[Go-essp-tech] Corrected THREDDS group wiki page link

stephen.pascoe at stfc.ac.uk stephen.pascoe at stfc.ac.uk
Fri Feb 24 06:46:24 MST 2012


I agree Estani.  The whole point is we need to define where we are not supporting the whole schema.  But we should assume our profile is compatible with a subset of the THREDDS schema, if it isn't we need to say why.  In this case the schema seems to contradict the implementation and it also contradicts Luca's statement that each catalog element has only one dataset child.  In my view that's useful information for writing a profile that is "compatible with THREDDS".

> But besides this, I don't think we have any compelling reason for supporting the whole TDS schema.
> IMHO we should define what we now have in a xsd as a subset of what it's allowed (but considering the previous point regarding scalability).
I both agree and disagree here.  We should capture what is done now but I'm not sure about XSD.  Most of the things we want to pin down are beyond the expressiveness of XSD, such as the semantics of the replica properties and the relationship between properties and identifiers.

I think ISO metadata is at a much higher level like who owns and maintains the dataset.  We've had lots of experience with ISO and I think it's a completely different activity to consider expressing ESGF metadata in ISO.

Stephen.

---
Stephen Pascoe  +44 (0)1235 445980
Centre of Environmental Data Archival
STFC Rutherford Appleton Laboratory, Harwell Oxford, Didcot OX11 0QX, UK

From: Estanislao Gonzalez [mailto:gonzalez at dkrz.de]
Sent: 24 February 2012 13:22
To: Juckes, Martin (STFC,RAL,RALSP)
Cc: Pascoe, Stephen (STFC,RAL,RALSP); Luca.Cinquini at jpl.nasa.gov; go-essp-tech at ucar.edu
Subject: Re: [Go-essp-tech] Corrected THREDDS group wiki page link

Hi all,

I think we are drifting from the main point, which was to define  a subset of the catalog schema tailored for ESG, so we can now what to expect.

The TDS is much more complex that what we use, and the inheritance forces to store state while going down the tree, which we don't use at all (nor probably want)
We should think already that we will have much more datasets in the future, I'm already promoting going to the atomic dataset level for CORDEX, which will simplify data management, but will bloat the number of datasets (40x).
Displaying a list of ~6000 datasets, what we now have, takes some time, and at this time much memory from TDS side.
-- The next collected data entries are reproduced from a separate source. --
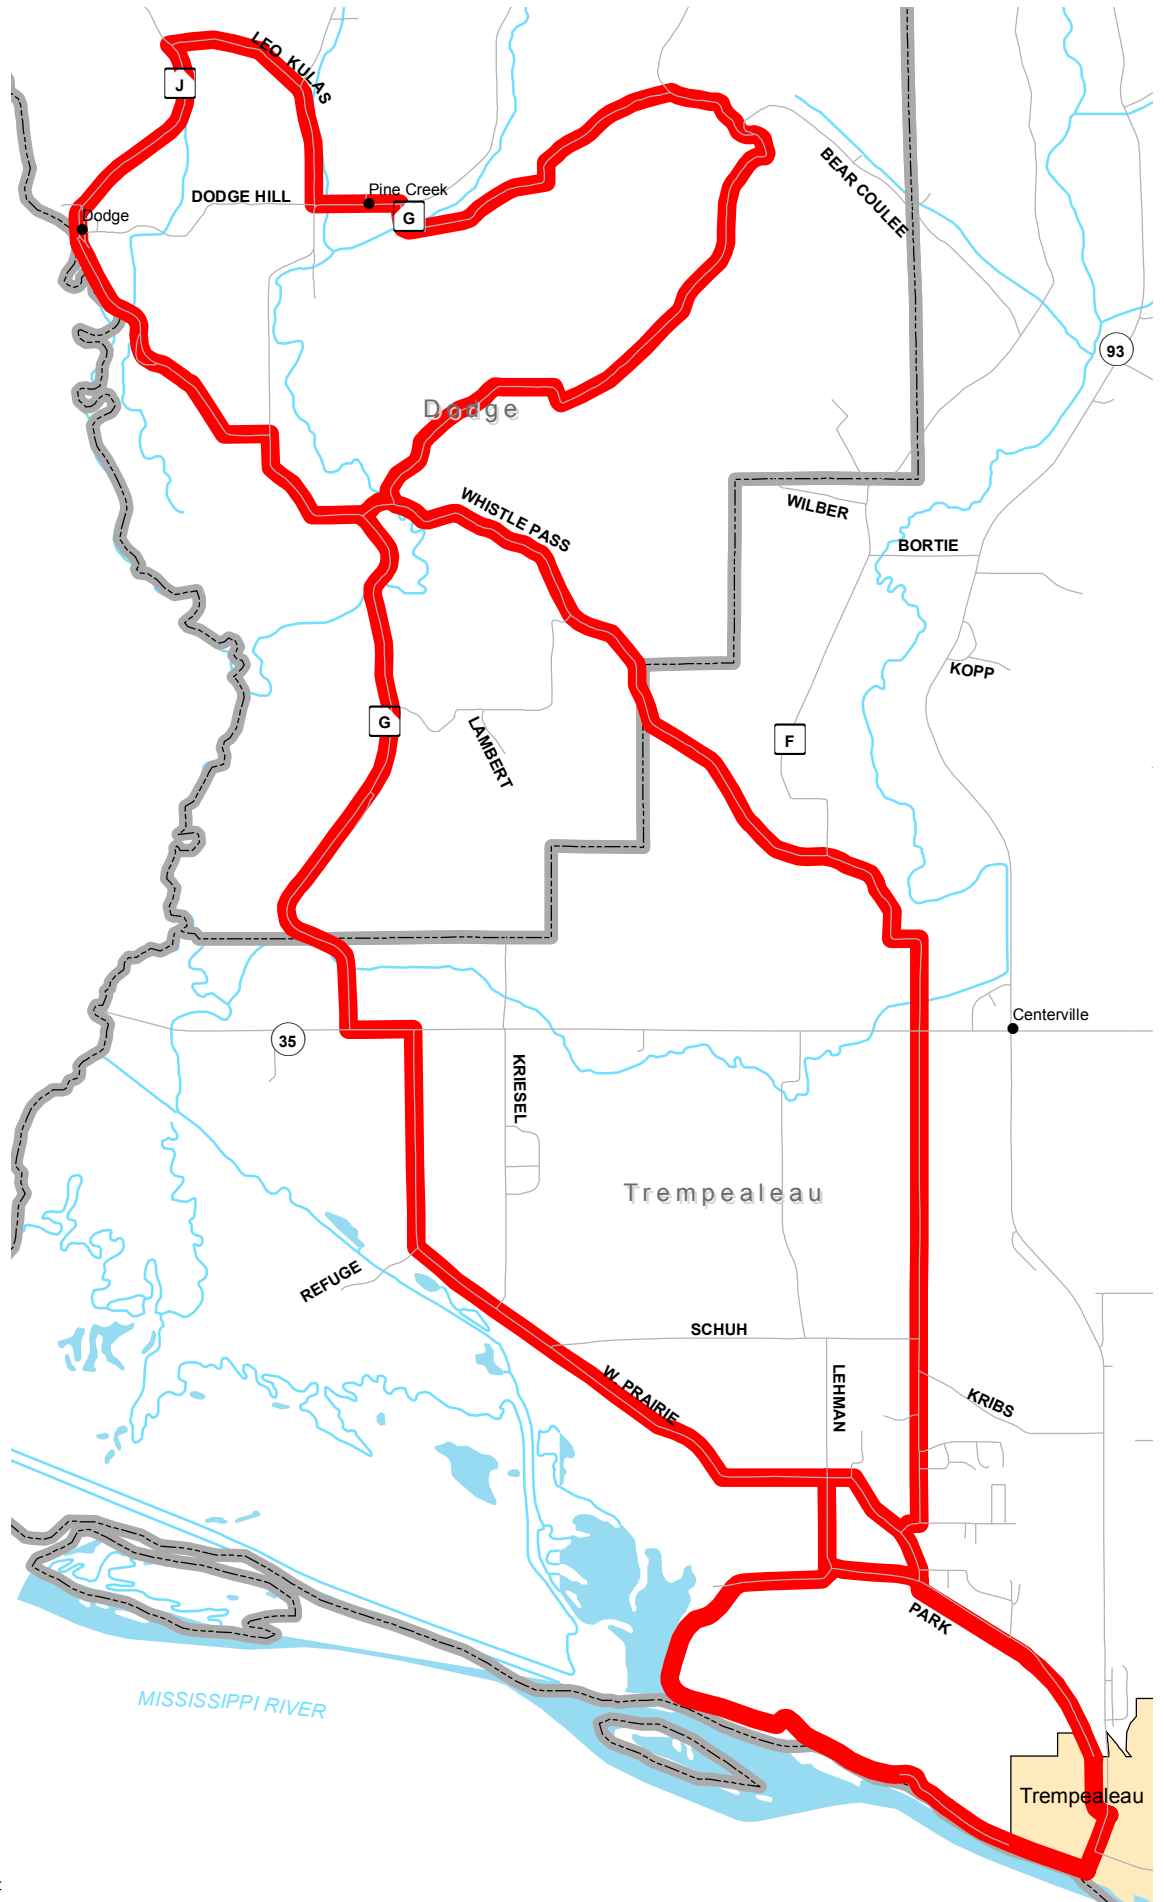

# Trempealeau County - Bike Loop 2

-  Loop 2
-  Corporate Boundaries
-  Township
-  Water
-  US/State Hwys
-  County Rds
-  Town Rds

0 0.2 0.4 0.8 Miles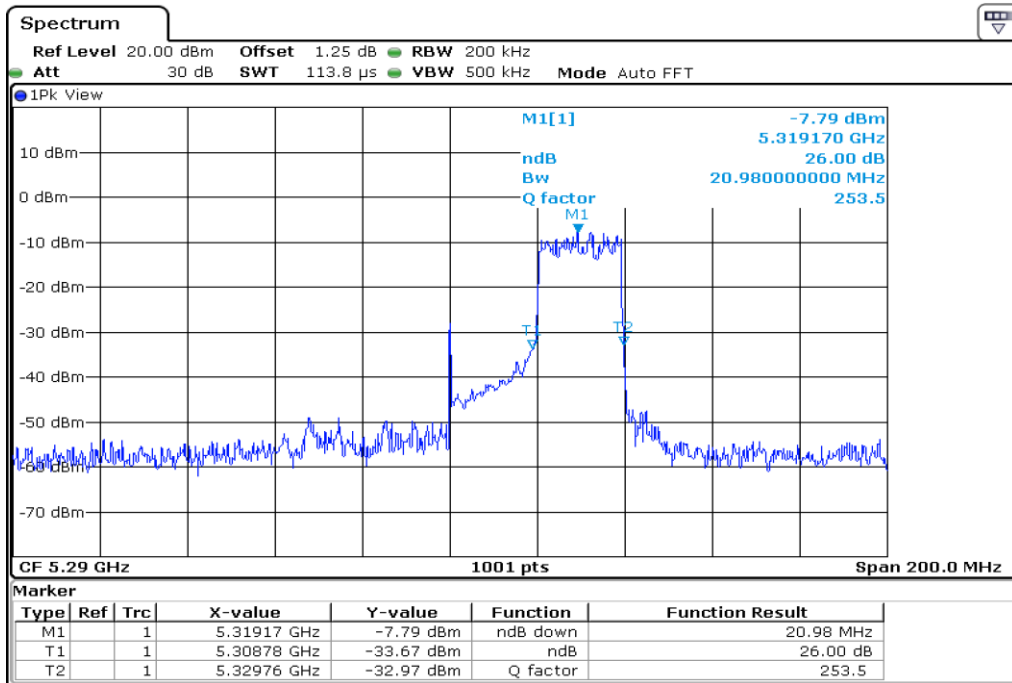

25 26 dB Bandwidth

26 26 dB Bandwidth

Test Band				WLAN_UNII2A_AX			
Antenna				Ant 0			
Test Parameters for Channel Bandwidths							
Test Item	No.	Mode	Channel	Bandwidth	RU Tone	RB index	Verdict
26 dB Bandwidth	1	802.11ax HE80	58	80 MHz	26	Low	Pass
	2	802.11ax HE80	58	80 MHz	26	Middle	Pass
	3	802.11ax HE80	58	80 MHz	26	High	Pass
	4	802.11ax HE80	58	80 MHz	52	Low	Pass
	5	802.11ax HE80	58	80 MHz	52	Middle	Pass
	6	802.11ax HE80	58	80 MHz	52	High	Pass
	7	802.11ax HE80	58	80 MHz	106	Low	Pass
	8	802.11ax HE80	58	80 MHz	106	Middle	Pass
	9	802.11ax HE80	58	80 MHz	106	High	Pass
	10	802.11ax HE80	58	80 MHz	242	Low	Pass
	11	802.11ax HE80	58	80 MHz	242	Middle	Pass
	12	802.11ax HE80	58	80 MHz	242	High	Pass
	13	802.11ax HE80	58	80 MHz	484	Low	Pass
	14	802.11ax HE80	58	80 MHz	484	High	Pass
	15	802.11ax HE80	58	80 MHz	996	-	Pass
	16	802.11ax HE80	58	80 MHz	SU	-	Pass

1 26 dB Bandwidth

2 26 dB Bandwidth

3	26 dB Bandwidth
---	-----------------

4 **26 dB Bandwidth**

5 **26 dB Bandwidth**

6	26 dB Bandwidth
---	-----------------

7 26 dB Bandwidth

8 26 dB Bandwidth

9	26 dB Bandwidth
---	-----------------

10 **26 dB Bandwidth**

11 **26 dB Bandwidth**

12	26 dB Bandwidth
----	-----------------

13 **26 dB Bandwidth**

14 **26 dB Bandwidth**

15	26 dB Bandwidth
----	-----------------

So we might want to add an intermediate level to address this (assume this solves anything...)

But besides this, I don't think we have any compelling reason for supporting the whole TDS schema.
IMHO we should define what we now have in a xsd as a subset of what it's allowed (but considering the previous point regarding scalability).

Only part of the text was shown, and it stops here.